# Source material
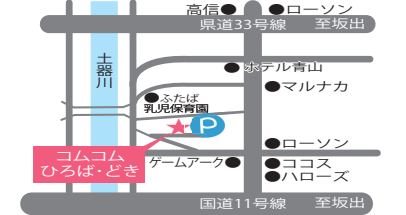

1. ★オープン日: 月曜~金曜 (祝日除く)
   - ★オープン時間: 9:30~15:00 (Lunch timeは11:45~12:30)
   - ★年間登録料: 無料+
   - ★利用料: 無料 [未登録者は200円/1回]
2. 初回の方は、おためしコムコムとして無料でご利用いただけます
   ひろば利用時は自分の子どもから目を離さず、保護者自身で十分注意し安全に気をつけてお過ごしください。

E-mail comcom-hiroba@feel.ocn.ne.jp
さめきっずコムシアターHP <https://sanukids.org>
コムコムひろばHP <http://com-com.main.jp>

facebook NPO法人 さめきっずコムシアター
Instagram コムコムひろば
LINE@ こちらから登録をお願いします。
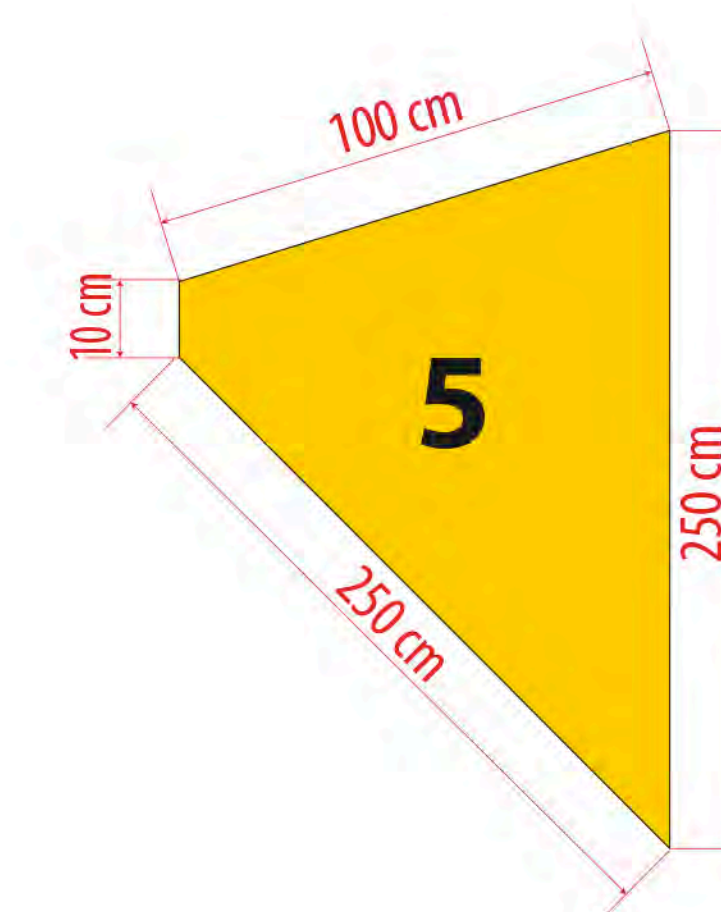

Zgornja postaja žičnice - stena

M 1:10

LEGENDA-MATERIALI

LEGENDA

- IVERAL 18 mm - vertikalno
- IVERAL 18 mm - horizontalno
- DIBOND

Pot ob drobilcu - stena

M 1:10

LEGENDA

300 cm

200 cm

1
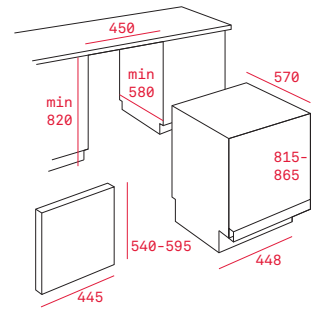

CIB 342 | CIB 350 NF
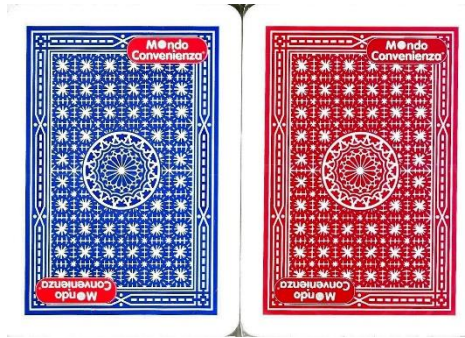

Mazzo: MONDO CONVENIENZA

Tipo: Singolo Doppio

Dorso:

Semi: *Classico Doppio Mazzo di carte da gioco, edito dalla MODIANO, ancora sigillato ma ha sicuramente semi francesi standard, con il brand di un'Azienda italiana, che è una delle leader in Italia nella grande distribuzione organizzata del mobile ed arredamenti, fondata a Viterbo 39 anni fa da Giovanni Battista Carosi ; le carte erano abbinare al Settimanale DI PIÙ TV:*

:

Contenitore: *Entrambi i due mazzi sono in un contenitore in plastica rigida bianca, semi aperto, il tutto contenuto in una scatola in cartoncino che ha il fronte come dall'immagine qui sotto raffigurata (con la consueta riduzione a 35/100°) con, sul retro, la riproduzione dei Dorsi delle carte*
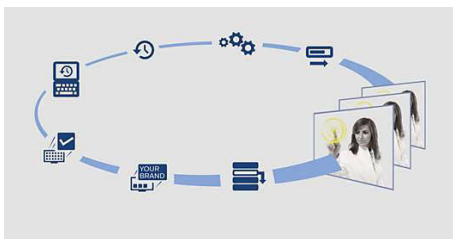

Špičkové funkcie pre hotely a záruka kompatibility v budúcnosti

- Žiarivý LED obraz s nízkou spotrebou energie
- Kompatibilita so službou MyChoice pre vyššie tržby
- Aplikácia SmartInstall pre jednoduchú diaľkovú inštaláciu a údržbu
- Integrovaný panel pripojenia
- Funkcia zobrazenia hodín na obrazovke pre optimálne pohodlie hostí
- Úplné režimy Hotel, Zdravotné zariadenie a Váznica
- Funkcia Serial Xpress Protocol Easy pre interaktívne systémy

PHILIPS

Hlavné prvky

SmartInfo

Aplikácia SmartInfo vám prostredníctvom hotelových informácií umožňuje poskytovať informácie o hoteli alebo príslušnom meste pre vašich hostí. Hostia majú prístup k informačným stránkam hotela, ktoré je možné pravidelne a poľahky obmieňať, aby vaši návštevníci mali prehľad o všetkých aktuálnych udalostiach v hoteli.

SmartInstall

Aplikácia SmartInstall zjednodušuje inštaláciu a údržbu vášho televízora. S jednoduchým webovým nástrojom môžete odteraz na diaľku konfigurovať a inštalovať svoje televízory bez nevyhnutnosti zavítať do príslušnej miestnosti! Vďaka tomu ušetríte čas a nebudete rušiť svojich hostí. Či už ide o aktualizáciu informačných stránok hotela alebo inštaláciu nových kanálov, aplikácia SmartInstall sa postará o všetko.
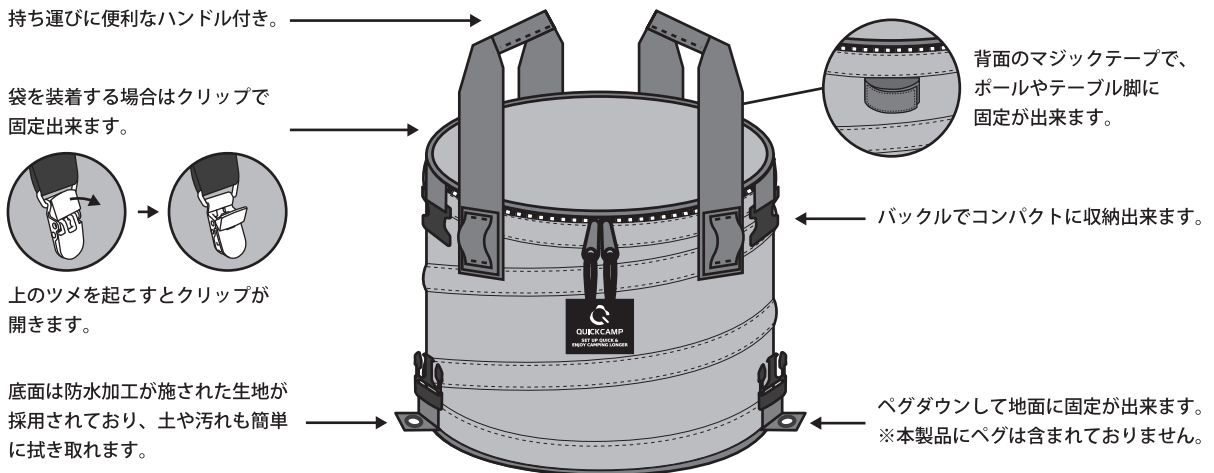

製品特徴

品質表示

展開寸法：幅Φ35cm×高さ31cm（バックル部分含め：幅43.5cm×高さ31cm）
 本体重量：約700g
 耐荷重：約5kg
 構造部材：ポリエステル
 原産国：中国

販売元
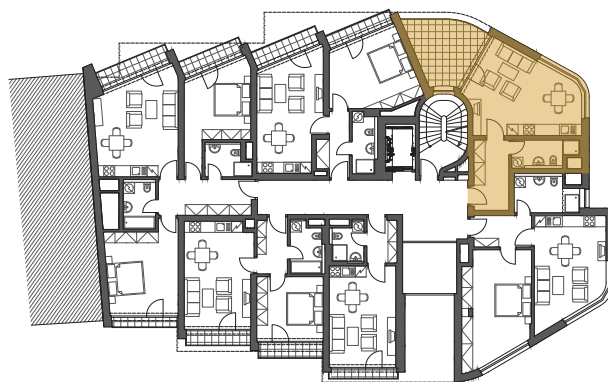

Venkovní pohled

Půdorys bytu

Půdorys patra

38 m²

Předsíň	7,6 m ²
Obývací pokoj s kk	25,5 m ²
Koupelna	4,8 m ²
Balkon	12,4 m ²
Obytná plocha	38 m²

Upozornění: Plochy jednotlivých místností se mohou mírně lišit. Umístění zařízení bytu je uváděno pouze orientačně, přesná specifikace rozvodů a jejich možného napojení je určena v prováděcí dokumentaci. Zobrazený nábytek a kuchyňské linky nejsou součástí dodávky.
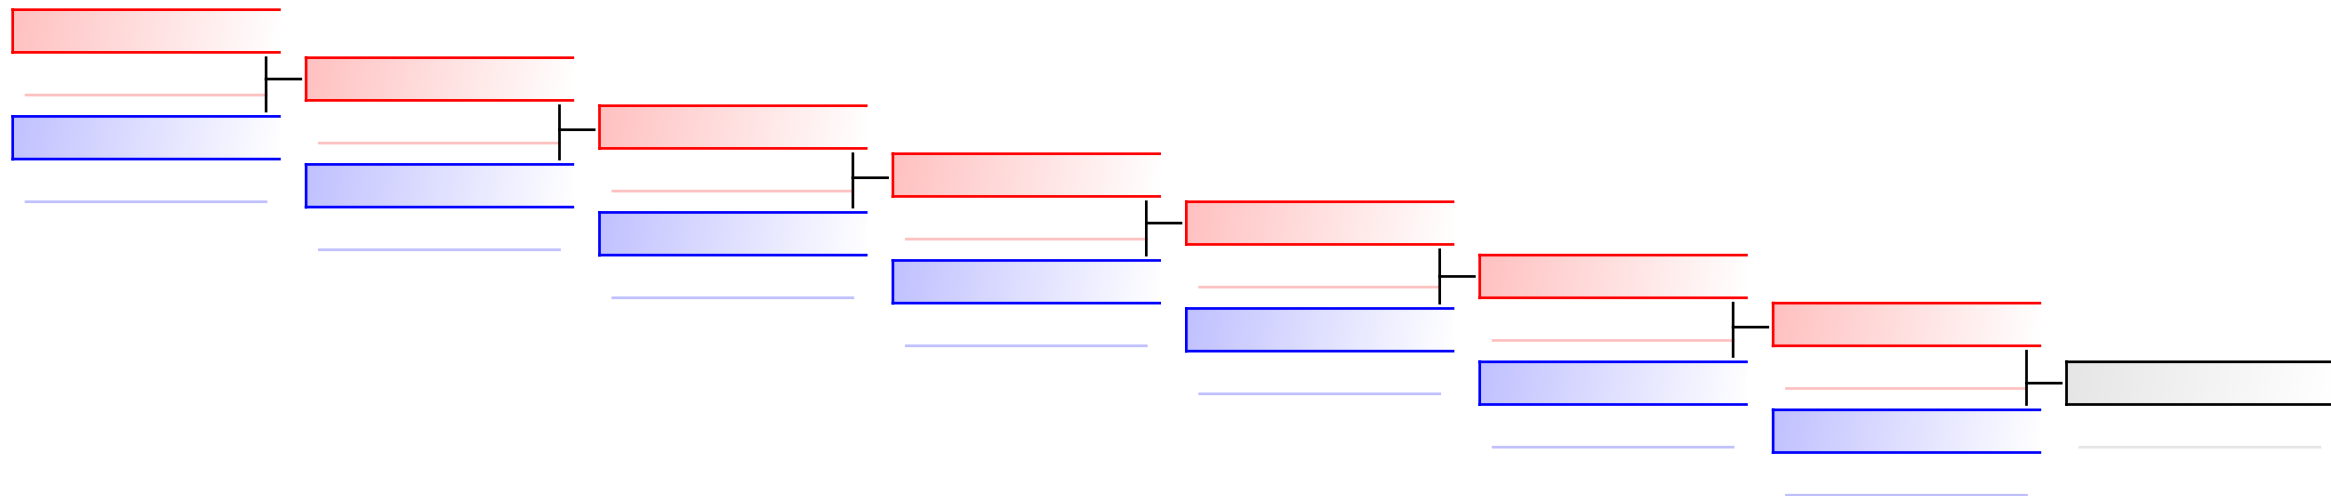

RIPESCAGGI: (1,2)

# Action item
The required output is every line from the one containing "Půdorys patra" through the last line of the records, inclusive, reproduced exactly and without pictures.

# Answer
Půdorys patra

38 m²

Předsíň	7,6 m ²
Obývací pokoj s kk	25,5 m ²
Koupelna	4,8 m ²
Balkon	12,4 m ²
Obytná plocha	38 m²

Upozornění: Plochy jednotlivých místností se mohou mírně lišit. Umístění zařízení bytu je uváděno pouze orientačně, přesná specifikace rozvodů a jejich možného napojení je určena v prováděcí dokumentaci. Zobrazený nábytek a kuchyňské linky nejsou součástí dodávky.

RIPESCAGGI: (1,2)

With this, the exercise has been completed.